We know not everyone will be available every session, but please come along when you can. You will be informed in advance where the Youth Panel are meeting.
To apply
Please complete your volunteer registration form on our volunteering platform .
*Please ensure you tick ‘Youth Panel’ in your ‘Interests’ section under My profile, when registering.
If you are using a mobile or tablet, once you click ‘Fill in an Application’, look out for the suggestion ‘It looks like you are on a mobile device. For a better experience on smart phones, go to Mobile Application Form’ and click on the link it suggests.
When you are happy with your application, please don’t forget to click SUBMIT – otherwise we will never receive your form!
Matching to the role
We will check applications on a monthly basis and we send you details about the location of the meeting and the current project.
Further Information about the Museums Partnership Reading Youth Panel
We love to hear regularly from our younger supporters to make sure that we are offering exhibitions and experiences that are of interest across the generations.

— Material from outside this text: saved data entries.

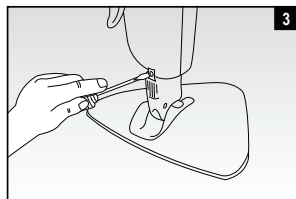

Ariete

Parný mop
Parní mop

MODEL: 4163

Návod na obsluhu
Návod k obsluze

Obsah je uzamčen

Dokončete, prosím, proces objednávky.

Následně budete mít přístup k celému dokumentu.

Proč je dokument uzamčen? Nahněvat Vás rozhodně nechceme. Jsou k tomu dva hlavní důvody: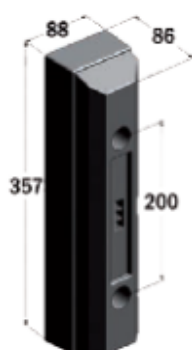

CODICE	DESCRIZIONE
NT163	Paracolpo posteriore

Our Youth Panel, for young people aged 14 – 18, offers collective work experience opportunities across The MERL and Reading Museum as part of Museums Partnership Reading’s youth programme. We meet monthly to work on a variety of exciting projects which are great for developing a range of transferable skills. Our panel members influence current projects and programming and are change-makers within Reading’s culture and heritage sector.
Inspired by the conversations we have had with Youth Panel members during the Youth Manifesto project, we listened to feedback about the need for the museums to offer age-appropriate activities and something different for teenage audiences and offered an increased number of workshops as part of our public and learning programmes.
Recent and Past Youth Panel Projects include:
- Understories - Working with Dr Jen Clarke of Robert Gordon University, workshops explored materials selected from The MERL’s archive and library, to celebrate the hidden lives /invisible benefits of trees. There was a focus on often-overlooked elements—the understories of trees - and forest ecosystems, and give voice to stories hidden in the archives and beneath the canopy
- Filmmaking project co-creating short form videos with a resident professional filmmaker to encourage environmental responsibility, inspired by our collections and archives
- 'Reading Festival is Rubbish' - exploring objects recovered from the 2021 festival to create a pop-up display and/or interactive experience in the museum. Panel members worked alongside learning and collections colleagues to consider the different approaches that can be taken in the interpretation and display of museum collections, and how they can use these approaches to convey messages and stories about the objects collected from the festival
- The ‘Digital Dig’ with the Royal Horticultural Society
- Participating in the Youth Manifesto Project, exploring how the museums in Reading can be inspiring and engaging for and relevant to the young people of Reading.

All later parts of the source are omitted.